- **Exercise**:
In the data below, find the line containing "HSUPA1700 & Channel: 1 412", then set down that line and every later line up to and including the line containing "8.4 BAND EDGE EMISSIONS AT ANTENNA TERMINAL", exactly.

Start of Material for the task

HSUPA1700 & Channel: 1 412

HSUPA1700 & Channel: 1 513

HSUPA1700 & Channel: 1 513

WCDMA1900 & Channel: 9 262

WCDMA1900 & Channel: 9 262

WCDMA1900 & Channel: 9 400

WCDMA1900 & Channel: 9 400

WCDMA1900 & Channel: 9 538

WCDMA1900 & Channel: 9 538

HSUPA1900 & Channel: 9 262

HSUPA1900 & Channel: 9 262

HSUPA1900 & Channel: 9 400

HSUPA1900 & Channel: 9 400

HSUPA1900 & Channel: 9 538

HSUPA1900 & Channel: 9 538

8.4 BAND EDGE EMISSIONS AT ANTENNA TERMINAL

End of Material for the task
Start of Material for the task

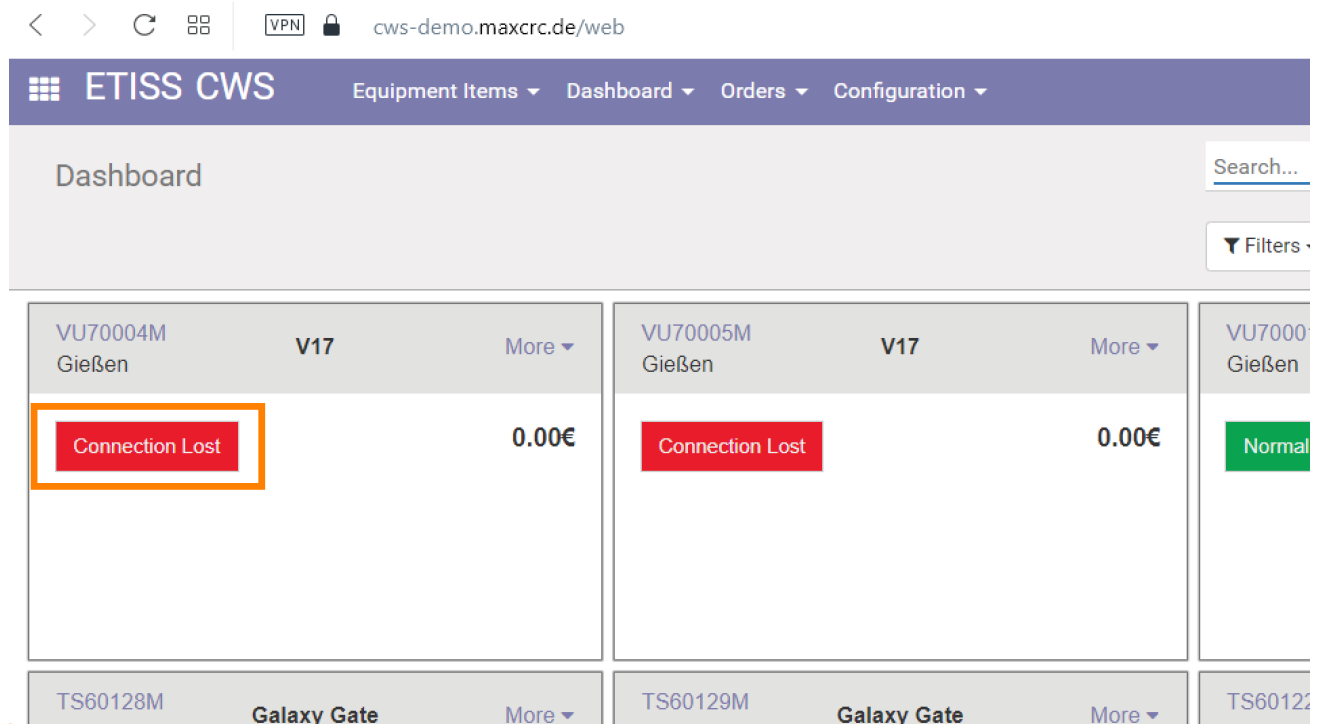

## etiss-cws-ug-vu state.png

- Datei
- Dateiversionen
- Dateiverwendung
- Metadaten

End of Material for the task

- **The answer**:
HSUPA1700 & Channel: 1 412

HSUPA1700 & Channel: 1 513

HSUPA1700 & Channel: 1 513

WCDMA1900 & Channel: 9 262

WCDMA1900 & Channel: 9 262

WCDMA1900 & Channel: 9 400

WCDMA1900 & Channel: 9 400

WCDMA1900 & Channel: 9 538

WCDMA1900 & Channel: 9 538

HSUPA1900 & Channel: 9 262

HSUPA1900 & Channel: 9 262

HSUPA1900 & Channel: 9 400

HSUPA1900 & Channel: 9 400

HSUPA1900 & Channel: 9 538

HSUPA1900 & Channel: 9 538

8.4 BAND EDGE EMISSIONS AT ANTENNA TERMINAL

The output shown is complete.